WORK ORDER:
Exclude images and print all the records verbatim.

(Records from a data source)
▼
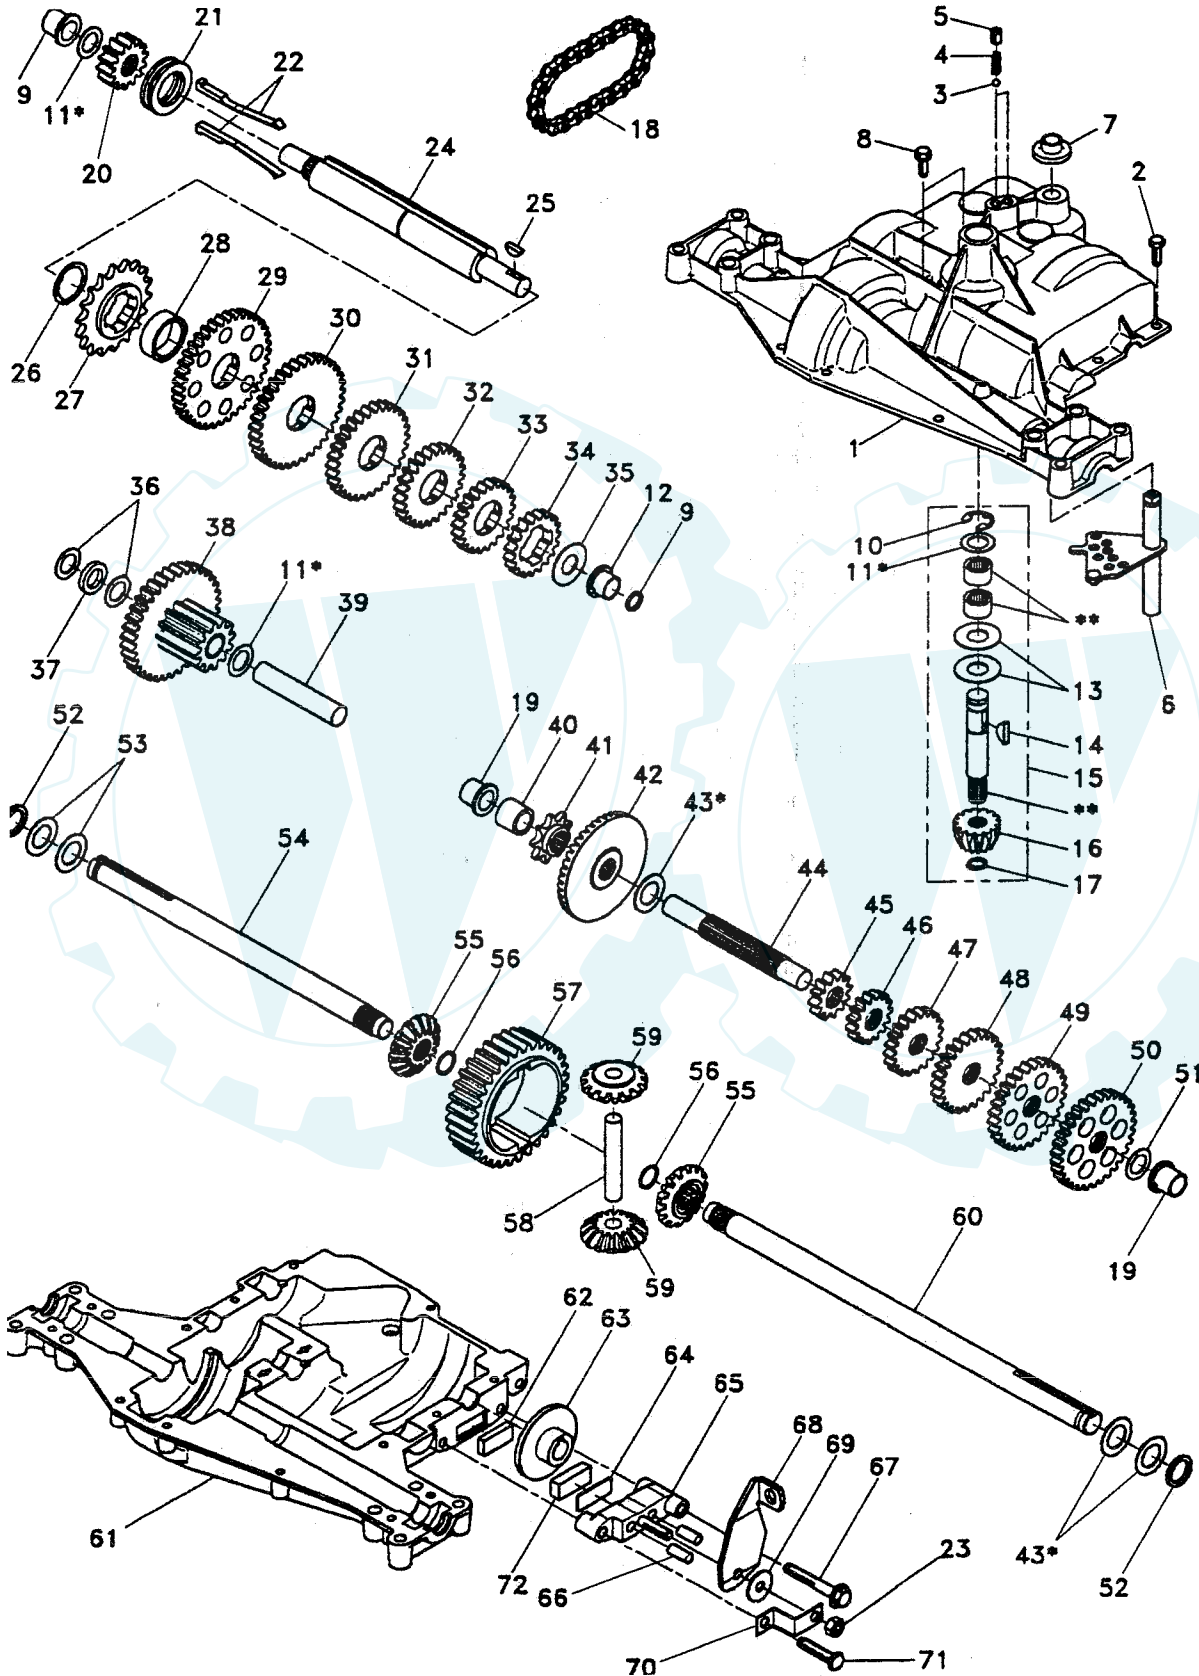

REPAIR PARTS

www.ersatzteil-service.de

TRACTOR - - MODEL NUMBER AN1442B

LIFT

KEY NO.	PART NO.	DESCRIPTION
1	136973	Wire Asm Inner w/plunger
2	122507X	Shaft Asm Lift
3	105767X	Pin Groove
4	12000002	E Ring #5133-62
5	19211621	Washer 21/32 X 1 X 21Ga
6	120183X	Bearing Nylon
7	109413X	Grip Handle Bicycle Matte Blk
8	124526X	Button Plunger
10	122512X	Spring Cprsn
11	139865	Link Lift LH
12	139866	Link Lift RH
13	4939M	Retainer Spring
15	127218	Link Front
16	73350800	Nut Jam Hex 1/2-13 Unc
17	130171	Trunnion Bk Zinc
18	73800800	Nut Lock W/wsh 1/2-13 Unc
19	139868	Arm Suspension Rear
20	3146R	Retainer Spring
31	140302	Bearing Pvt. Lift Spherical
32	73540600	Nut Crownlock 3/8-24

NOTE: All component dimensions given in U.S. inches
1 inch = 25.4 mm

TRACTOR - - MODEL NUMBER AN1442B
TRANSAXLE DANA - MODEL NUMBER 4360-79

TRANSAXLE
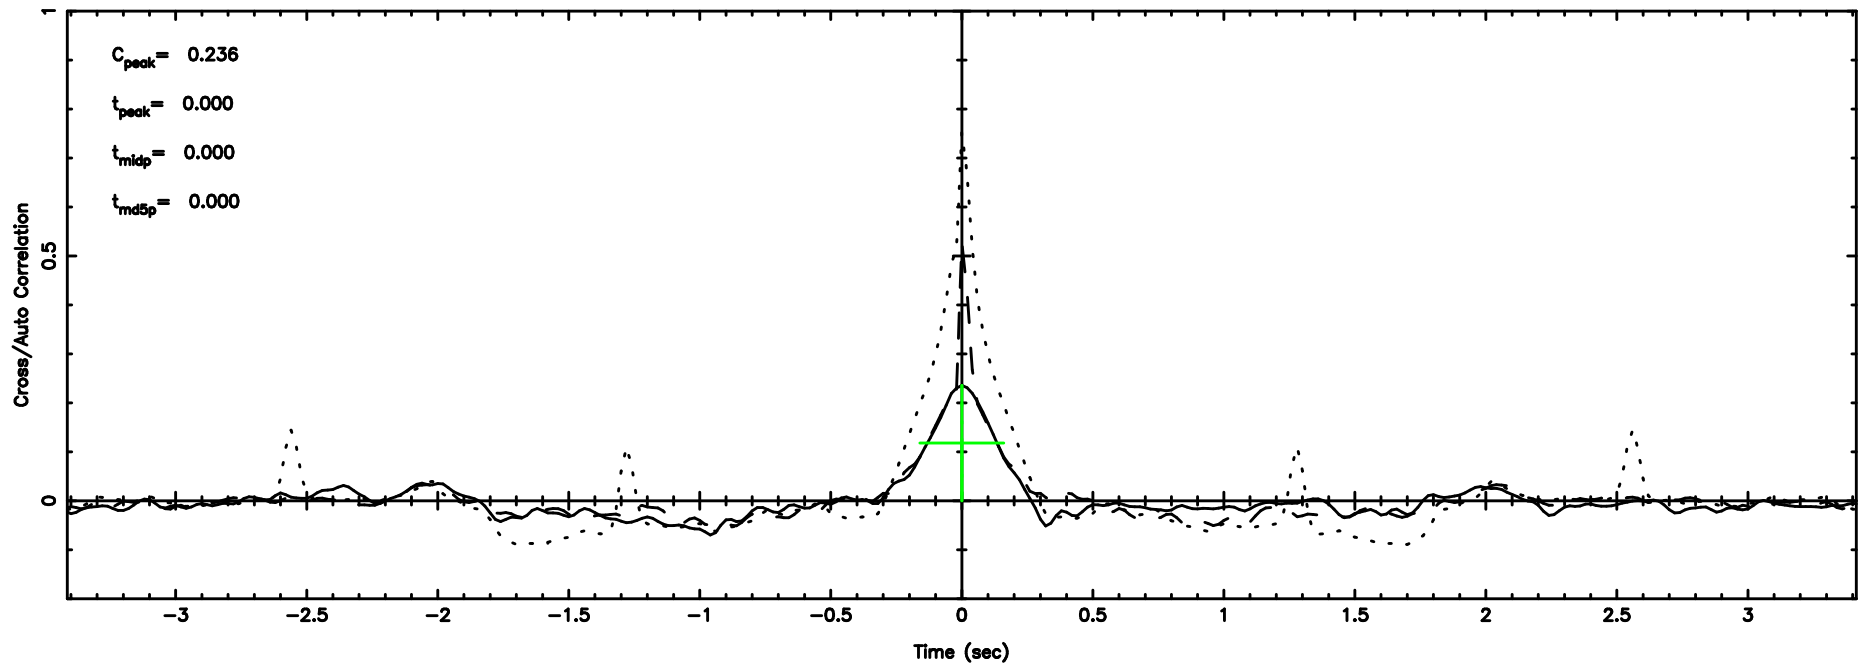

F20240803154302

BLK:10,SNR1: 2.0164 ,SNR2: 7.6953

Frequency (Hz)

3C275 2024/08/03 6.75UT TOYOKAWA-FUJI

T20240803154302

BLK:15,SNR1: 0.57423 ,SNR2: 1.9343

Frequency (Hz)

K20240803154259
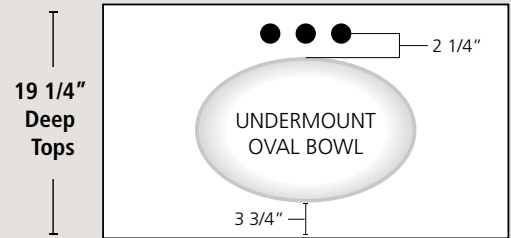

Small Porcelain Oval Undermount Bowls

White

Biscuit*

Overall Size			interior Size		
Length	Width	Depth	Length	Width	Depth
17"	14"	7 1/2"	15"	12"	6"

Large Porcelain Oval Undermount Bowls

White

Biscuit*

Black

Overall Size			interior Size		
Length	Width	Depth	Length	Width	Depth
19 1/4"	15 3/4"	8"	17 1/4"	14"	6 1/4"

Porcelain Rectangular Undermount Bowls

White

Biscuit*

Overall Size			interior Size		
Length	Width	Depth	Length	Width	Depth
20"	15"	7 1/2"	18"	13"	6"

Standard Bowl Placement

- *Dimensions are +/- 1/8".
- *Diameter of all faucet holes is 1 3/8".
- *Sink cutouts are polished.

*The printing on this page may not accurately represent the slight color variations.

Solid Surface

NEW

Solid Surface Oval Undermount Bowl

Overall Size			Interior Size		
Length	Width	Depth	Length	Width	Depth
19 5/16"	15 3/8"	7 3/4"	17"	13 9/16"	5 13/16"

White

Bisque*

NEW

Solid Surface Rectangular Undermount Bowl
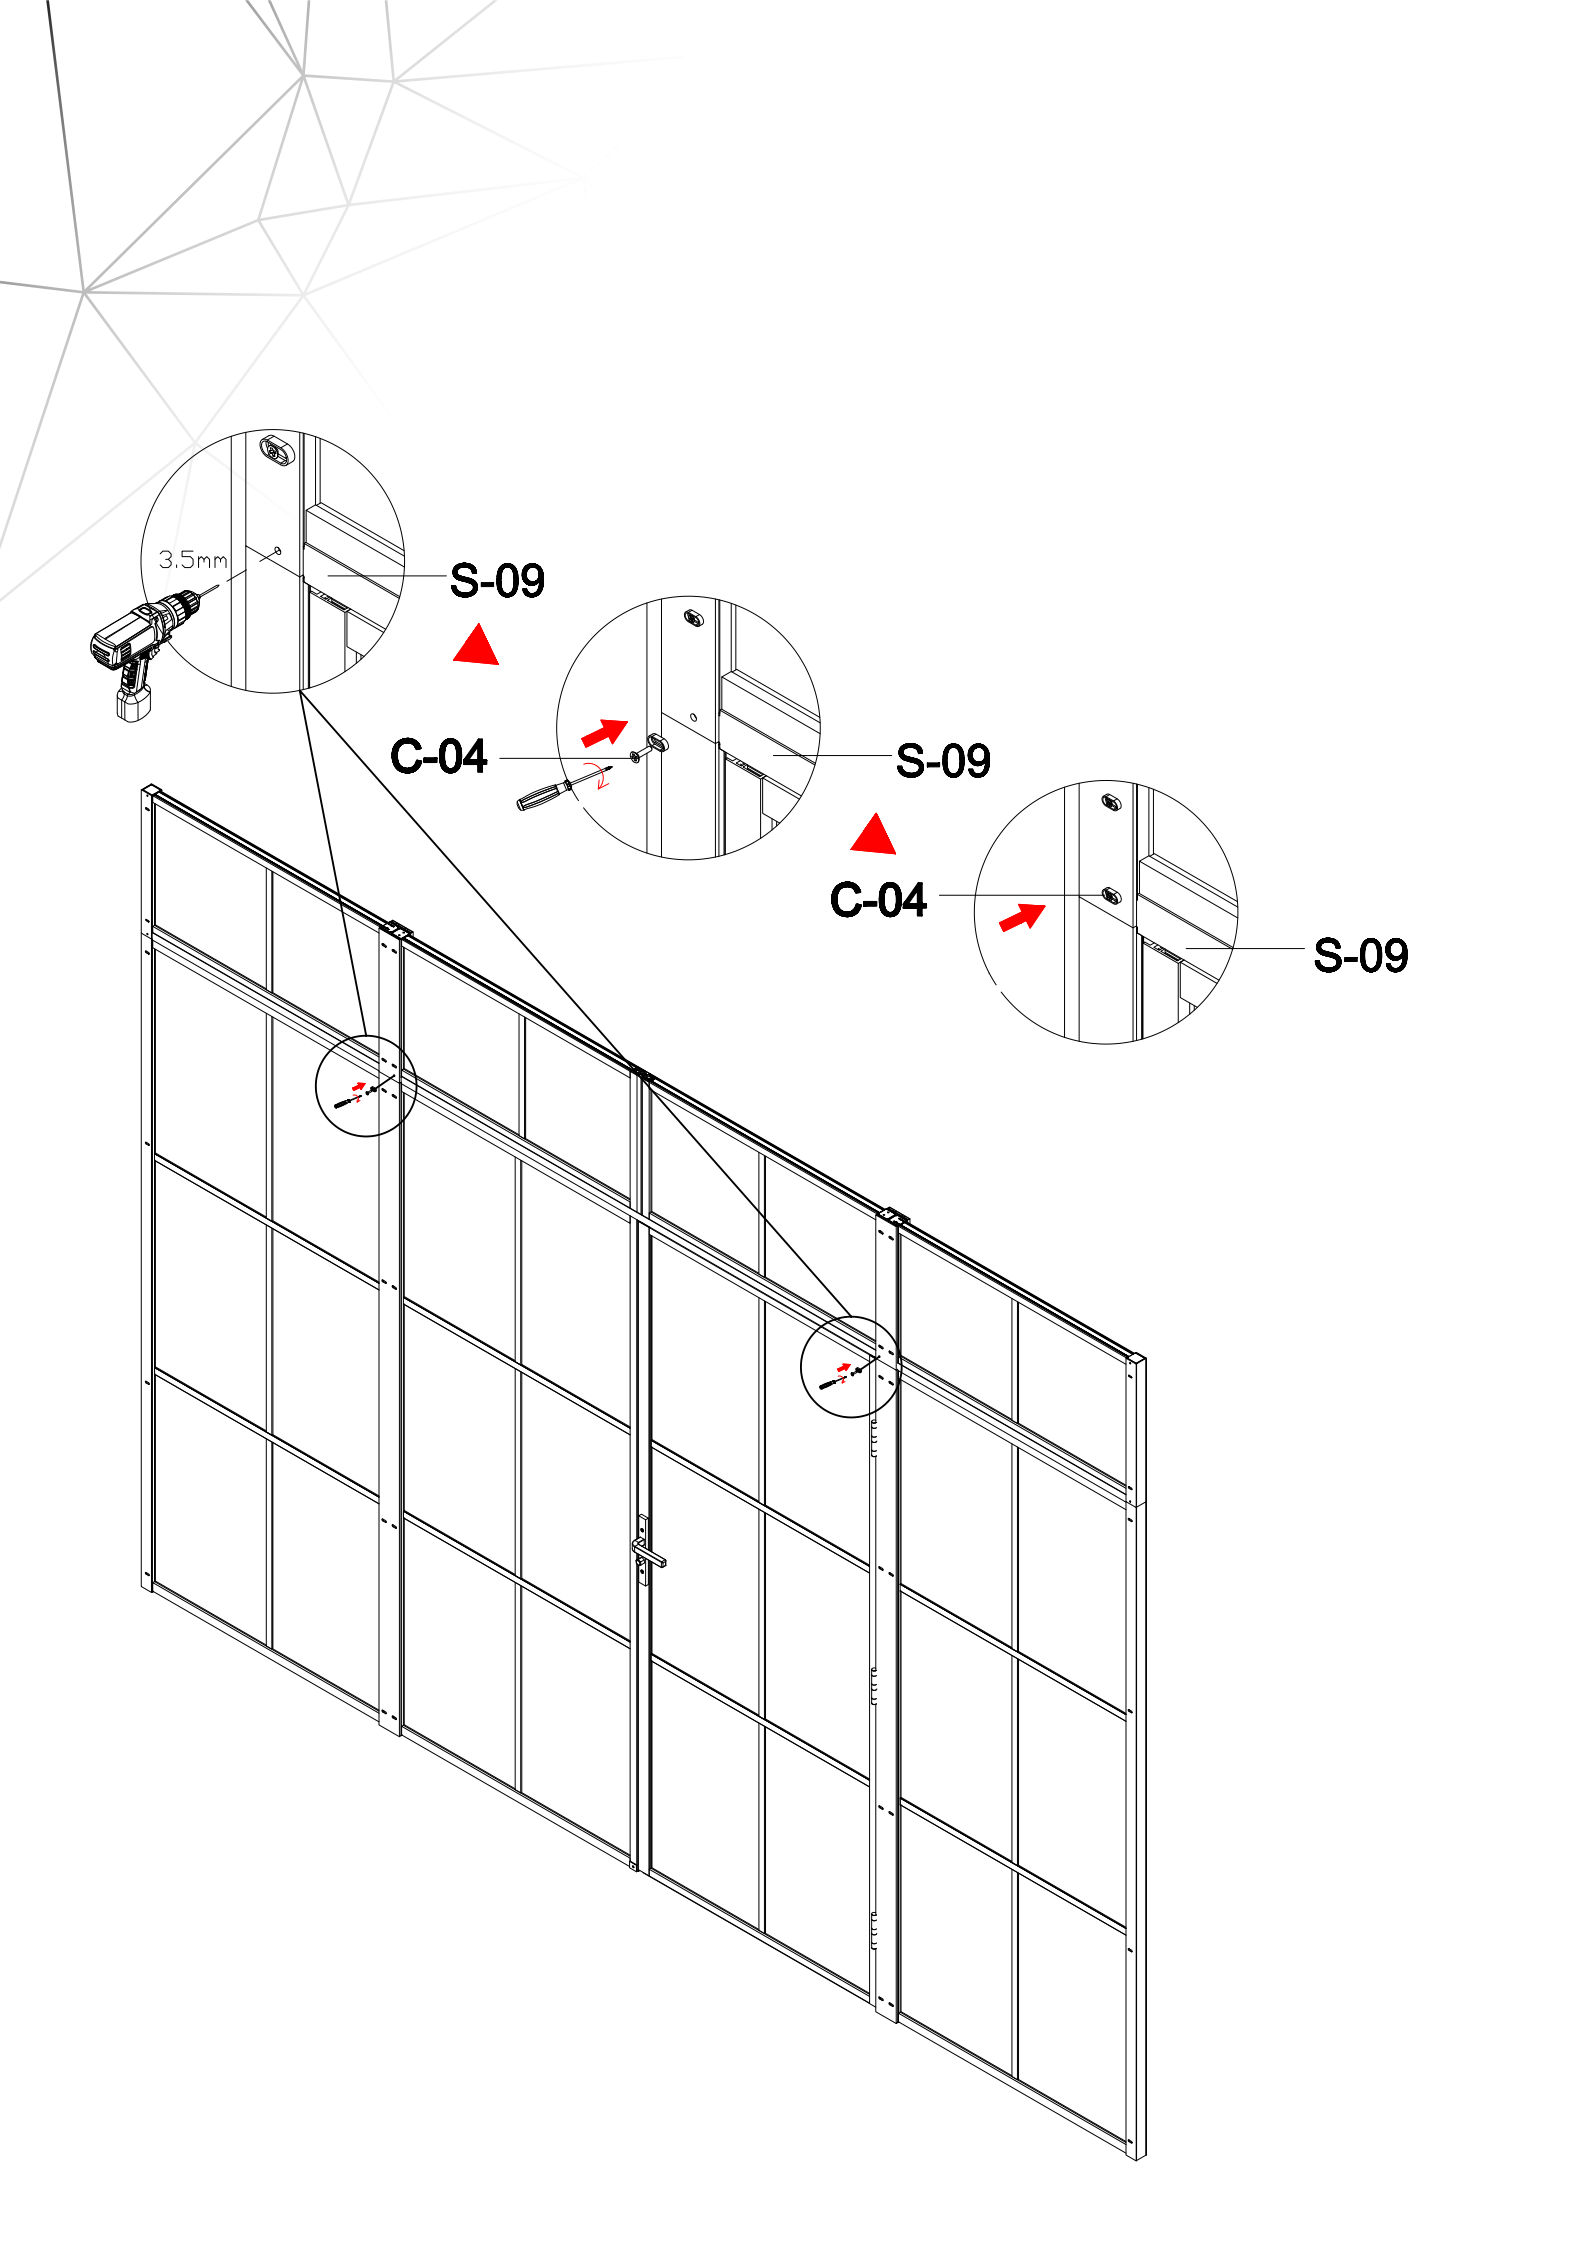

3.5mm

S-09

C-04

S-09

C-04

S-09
▲
RESPONSE AREA:
REPAIR PARTS

www.ersatzteil-service.de

TRACTOR - - MODEL NUMBER AN1442B

LIFT

KEY NO.	PART NO.	DESCRIPTION
1	136973	Wire Asm Inner w/plunger
2	122507X	Shaft Asm Lift
3	105767X	Pin Groove
4	12000002	E Ring #5133-62
5	19211621	Washer 21/32 X 1 X 21Ga
6	120183X	Bearing Nylon
7	109413X	Grip Handle Bicycle Matte Blk
8	124526X	Button Plunger
10	122512X	Spring Cprsn
11	139865	Link Lift LH
12	139866	Link Lift RH
13	4939M	Retainer Spring
15	127218	Link Front
16	73350800	Nut Jam Hex 1/2-13 Unc
17	130171	Trunnion Bk Zinc
18	73800800	Nut Lock W/wsh 1/2-13 Unc
19	139868	Arm Suspension Rear
20	3146R	Retainer Spring
31	140302	Bearing Pvt. Lift Spherical
32	73540600	Nut Crownlock 3/8-24

NOTE: All component dimensions given in U.S. inches
1 inch = 25.4 mm

TRACTOR - - MODEL NUMBER AN1442B
TRANSAXLE DANA - MODEL NUMBER 4360-79

TRANSAXLE

F20240803154302

BLK:10,SNR1: 2.0164 ,SNR2: 7.6953

Frequency (Hz)

3C275 2024/08/03 6.75UT TOYOKAWA-FUJI

T20240803154302

BLK:15,SNR1: 0.57423 ,SNR2: 1.9343

Frequency (Hz)

K20240803154259

Small Porcelain Oval Undermount Bowls

White

Biscuit*

Overall Size			interior Size		
Length	Width	Depth	Length	Width	Depth
17"	14"	7 1/2"	15"	12"	6"

Large Porcelain Oval Undermount Bowls

White

Biscuit*

Black

Overall Size			interior Size		
Length	Width	Depth	Length	Width	Depth
19 1/4"	15 3/4"	8"	17 1/4"	14"	6 1/4"

Porcelain Rectangular Undermount Bowls

White

Biscuit*

Overall Size			interior Size		
Length	Width	Depth	Length	Width	Depth
20"	15"	7 1/2"	18"	13"	6"

Standard Bowl Placement

- *Dimensions are +/- 1/8".
- *Diameter of all faucet holes is 1 3/8".
- *Sink cutouts are polished.

*The printing on this page may not accurately represent the slight color variations.

Solid Surface

NEW

Solid Surface Oval Undermount Bowl

Overall Size			Interior Size		
Length	Width	Depth	Length	Width	Depth
19 5/16"	15 3/8"	7 3/4"	17"	13 9/16"	5 13/16"

White

Bisque*

NEW

Solid Surface Rectangular Undermount Bowl

3.5mm

S-09

C-04

S-09

C-04

S-09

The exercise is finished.